── DATA EXCERPTS ──

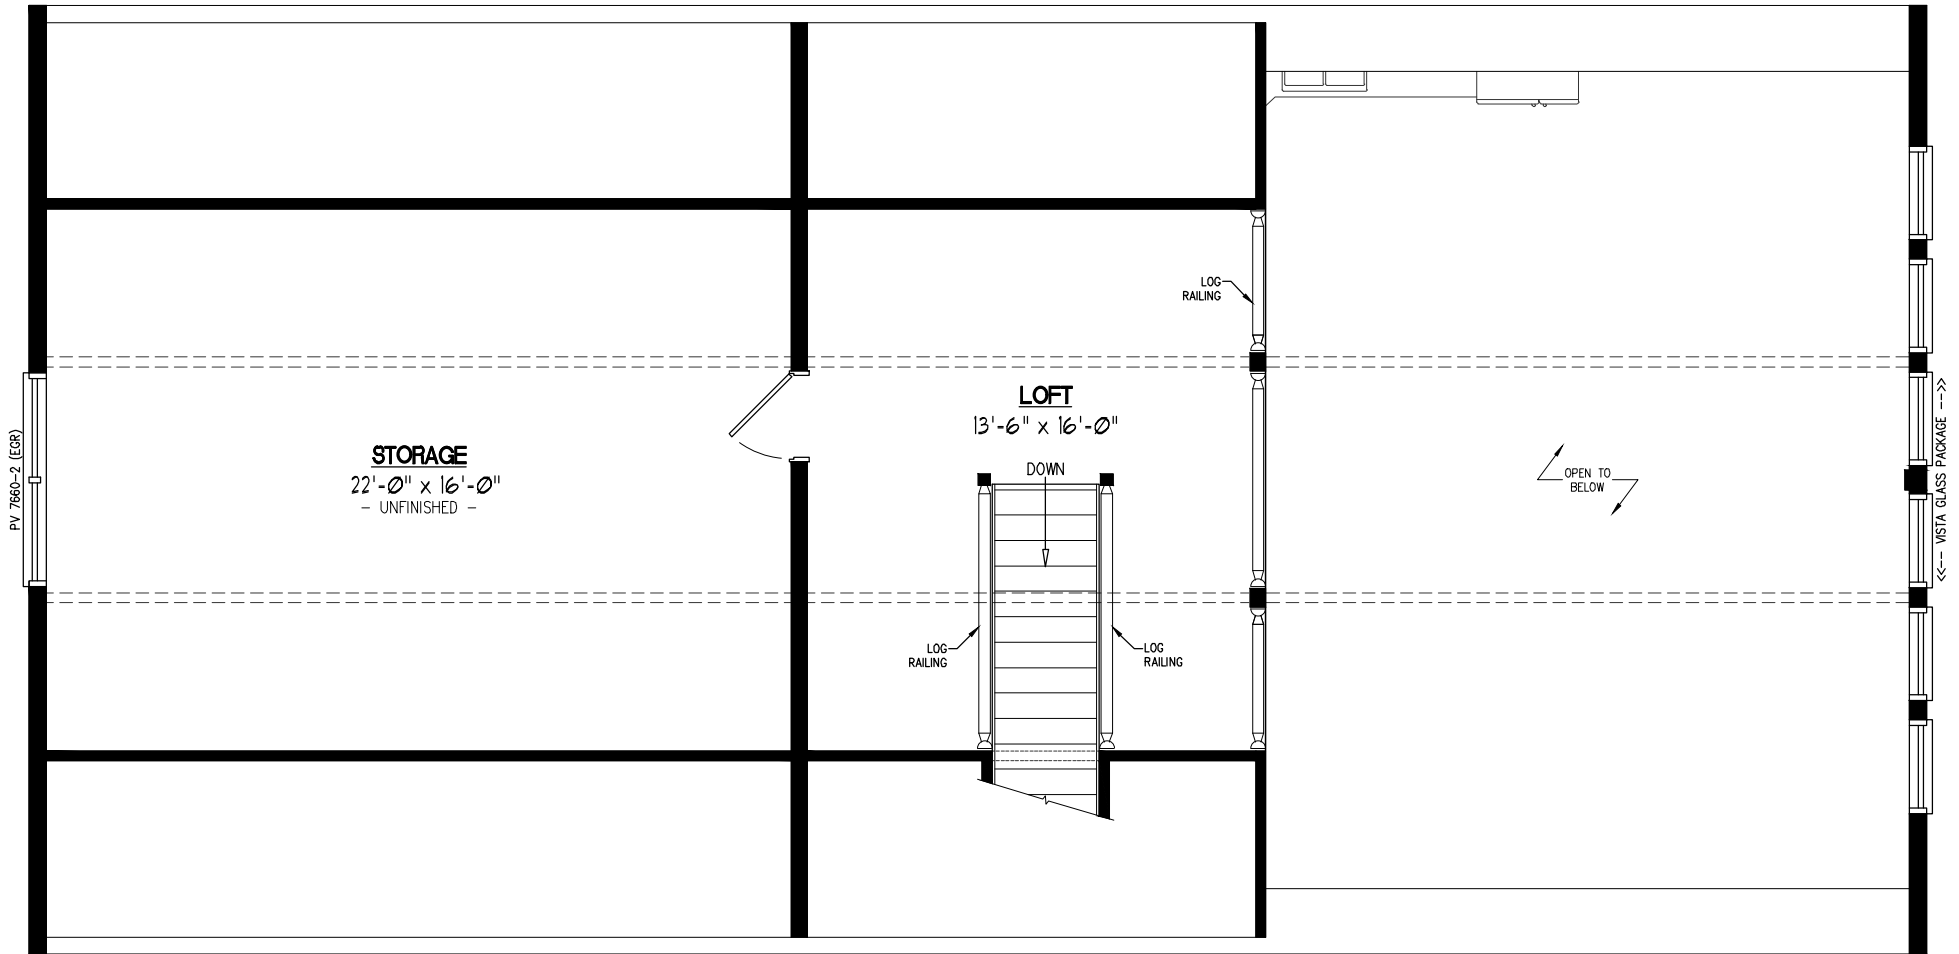

28x56 MOUNTAINEER DELUXE Plan #28MD1409

28x56 MOUNTAINEER DELUXE Plan #28MD1409 2nd Floor
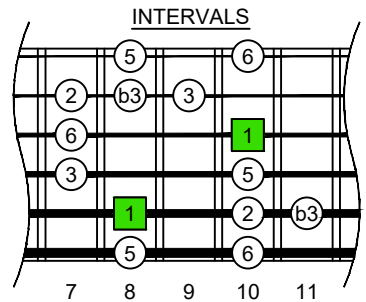

C major blues scale

BAGED
octaves
box shapes

6-string guitar

6/7ths guitar tuning

B1:E2:A2:D3:G3:B3

C major blues scale
SEMITONOMETER

5E3

BOX SHAPE

www.cagedoctaves.com

Zon Brookes

BAGED octaves (6-string guitar : 6/7ths guitar tuning - B1:E2:A2:D3:G3:B3) C major blues scale - 5E3 box shape

BAGED octaves (6-string guitar : 6/7ths guitar tuning - B1:E2:A2:D3:G3:B3) C major blues scale - NOTE NAMES : 5E3 box shape

BAGED octaves (6-string guitar : 6/7ths guitar tuning - B1:E2:A2:D3:G3:B3) C major blues scale - INTERVALS : 5E3 box shape
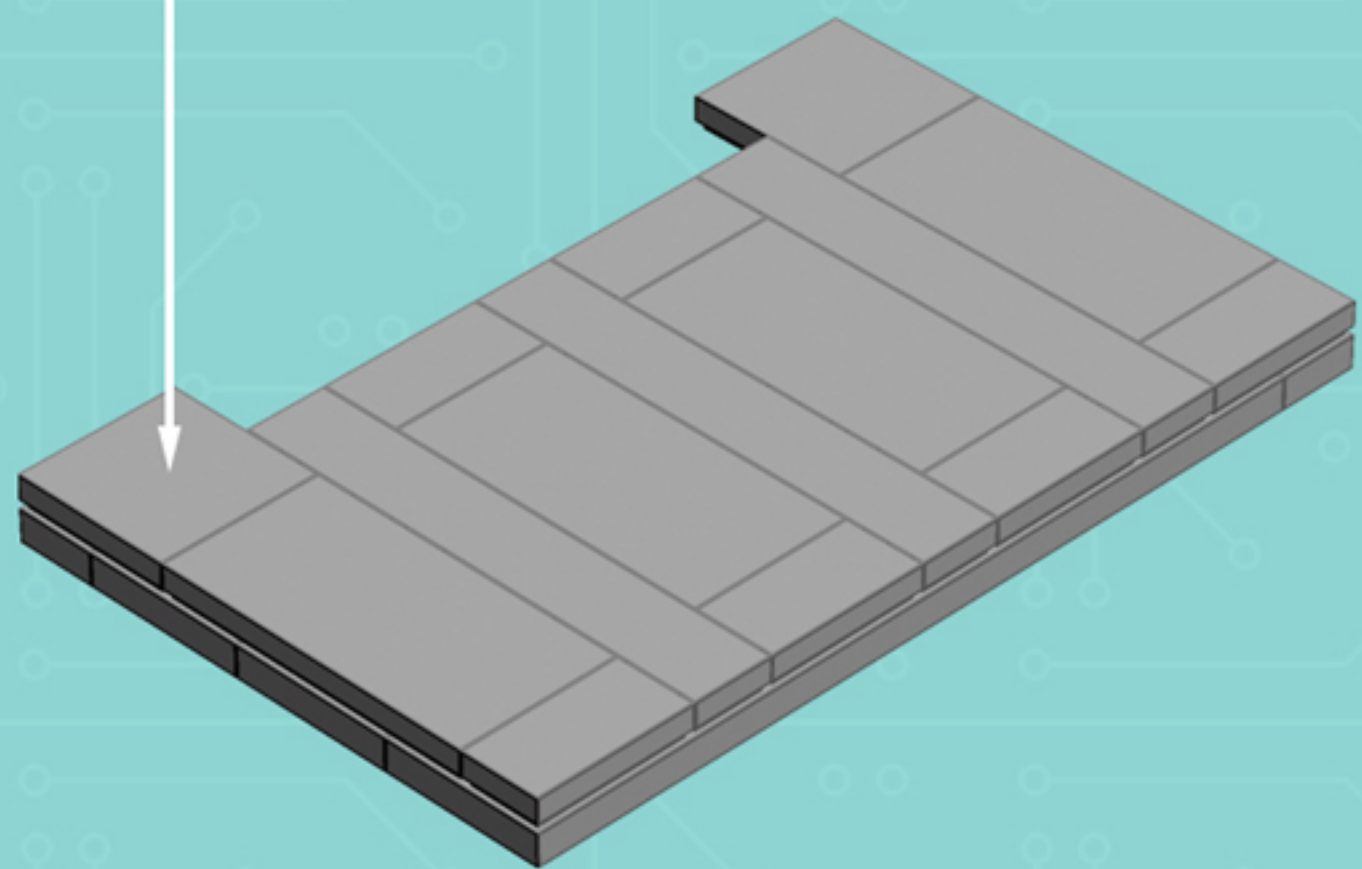

2x

4x

*Use alternate Plate W. Bow
and 1x3 Black Flat Tile for a
hard-disk equipped model.*

*For more fun builds,
please stop by chrismcveigh.com,
visit me at facebook.com/c.mcveigh.photos,
or follow me on twitter [@actionfigured](https://twitter.com/actionfigured)*
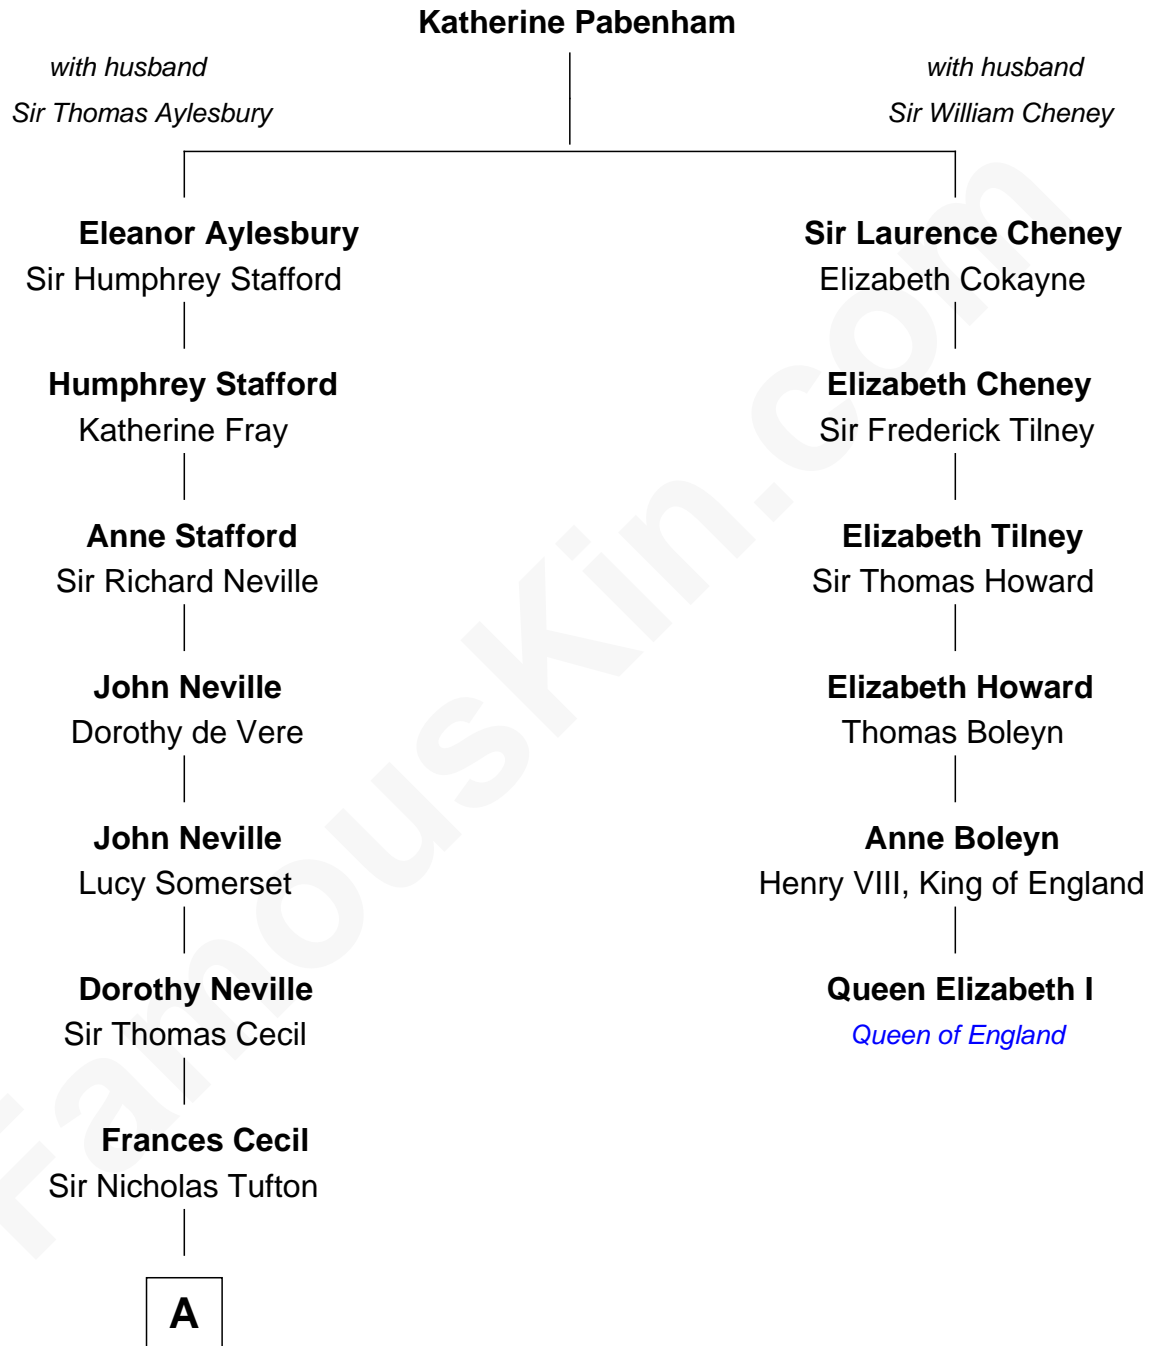

## Relationship Chart of

### Camilla Parker Bowles

Queen Consort of the United Kingdom

5th cousin 12 times removed of

### Queen Elizabeth I

Queen of England

**A**

**John Tufton**  
Margaret Sackville

**Thomas Tufton**  
Catharine Cavendish

**Katherine Tufton**  
Edward Watson

**Katherine Watson**  
Edward Southwell

**Edward Southwell**
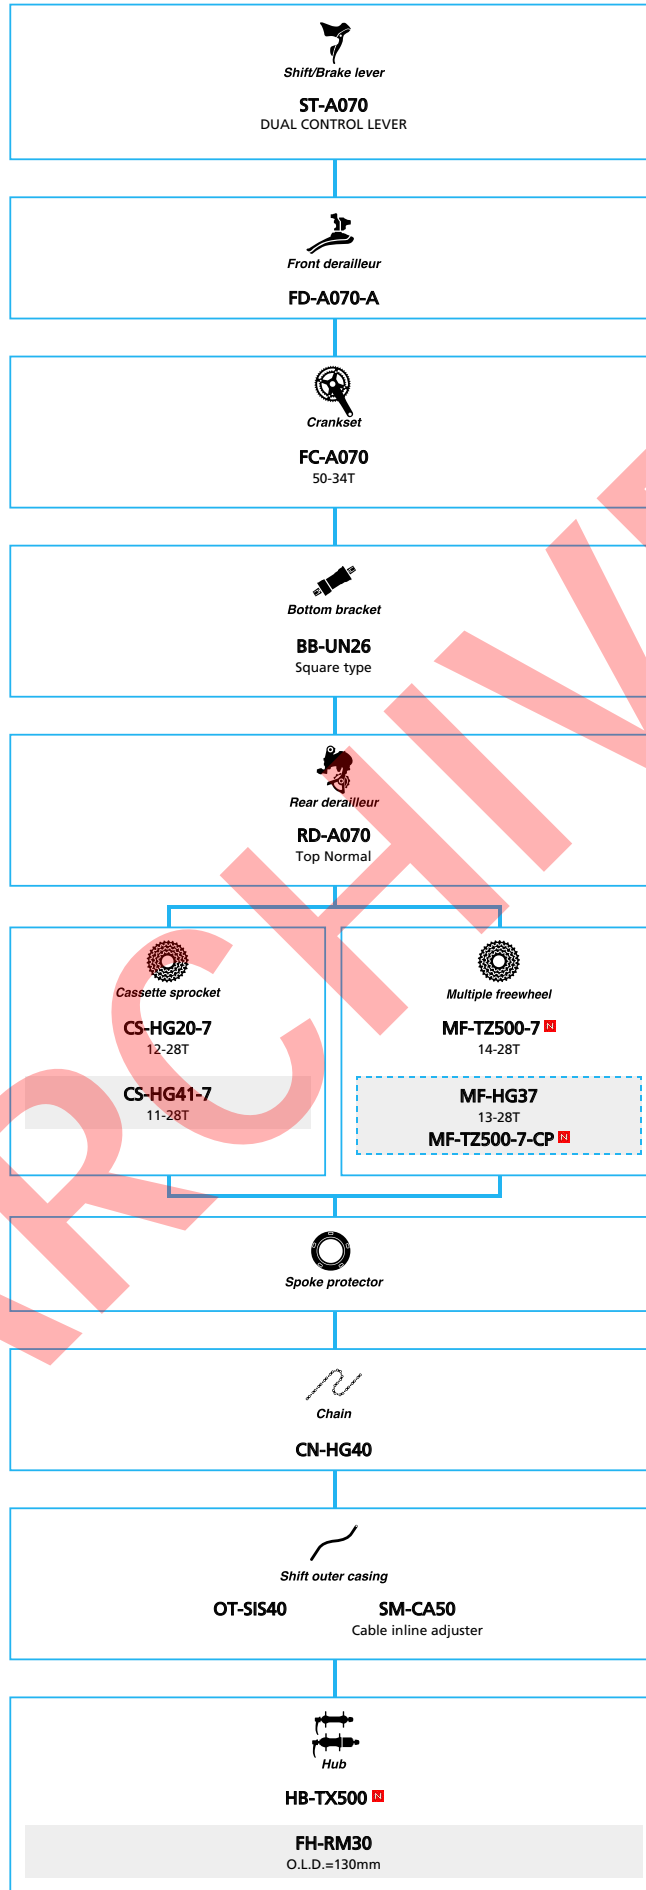

 ... New model

 ... Additional option

 ... Alternative option

 ... All select

 ... Single select

 ... New model

 ... Additional option

 ... Alternative option

 ... All select

 ... Single select

SHIMANO A050 (2x7-speed)

 ... New model

 ... Additional option

 ... Alternative option

 ... All select

 ... Single select
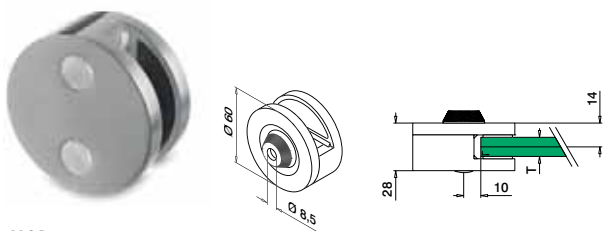

MOD 5015

Accessories		L		€/ pc.
	205015-23	34	4	1,65

MOD 4901
308

Q-INFO MOD 2300

Glass clamps - MOD 4400 / 4600

MOD 4400

304 Satin					
INDOOR	T			€/ pc.	
134400-12	See T in MOD 5044	QS-47	478	4	19,35
316 Satin					
OUTDOOR	T				
144400-12	See T in MOD 5044	QS-45	478	4	23,40
Zamak Stainless steel effect					
OUTDOOR	T				
104400-20	See T in MOD 5044	QS-46	478	4	14,85

───

> **WORK TASK**
Output all of the data above exactly; no pictures should appear.

> **YOUR SOLUTION**
28x56 MOUNTAINEER DELUXE Plan #28MD1409

28x56 MOUNTAINEER DELUXE Plan #28MD1409 2nd Floor

C major blues scale

BAGED
octaves
box shapes

6-string guitar

6/7ths guitar tuning

B1:E2:A2:D3:G3:B3

C major blues scale
SEMITONOMETER

5E3

BOX SHAPE

www.cagedoctaves.com

Zon Brookes

BAGED octaves (6-string guitar : 6/7ths guitar tuning - B1:E2:A2:D3:G3:B3) C major blues scale - 5E3 box shape

BAGED octaves (6-string guitar : 6/7ths guitar tuning - B1:E2:A2:D3:G3:B3) C major blues scale - NOTE NAMES : 5E3 box shape

BAGED octaves (6-string guitar : 6/7ths guitar tuning - B1:E2:A2:D3:G3:B3) C major blues scale - INTERVALS : 5E3 box shape

2x

4x

*Use alternate Plate W. Bow
and 1x3 Black Flat Tile for a
hard-disk equipped model.*

*For more fun builds,
please stop by chrismcveigh.com,
visit me at facebook.com/c.mcveigh.photos,
or follow me on twitter [@actionfigured](https://twitter.com/actionfigured)*

## Relationship Chart of

### Camilla Parker Bowles

Queen Consort of the United Kingdom

5th cousin 12 times removed of

### Queen Elizabeth I

Queen of England

**A**

**John Tufton**  
Margaret Sackville

**Thomas Tufton**  
Catharine Cavendish

**Katherine Tufton**  
Edward Watson

**Katherine Watson**  
Edward Southwell

**Edward Southwell**

 ... New model

 ... Additional option

 ... Alternative option

 ... All select

 ... Single select

 ... New model

 ... Additional option

 ... Alternative option

 ... All select

 ... Single select

SHIMANO A050 (2x7-speed)

 ... New model

 ... Additional option

 ... Alternative option

 ... All select

 ... Single select

MOD 5015

Accessories		L		€/ pc.
	205015-23	34	4	1,65

MOD 4901
308

Q-INFO MOD 2300

Glass clamps - MOD 4400 / 4600

MOD 4400

304 Satin					
INDOOR	T			€/ pc.	
134400-12	See T in MOD 5044	QS-47	478	4	19,35
316 Satin					
OUTDOOR	T				
144400-12	See T in MOD 5044	QS-45	478	4	23,40
Zamak Stainless steel effect					
OUTDOOR	T				
104400-20	See T in MOD 5044	QS-46	478	4	14,85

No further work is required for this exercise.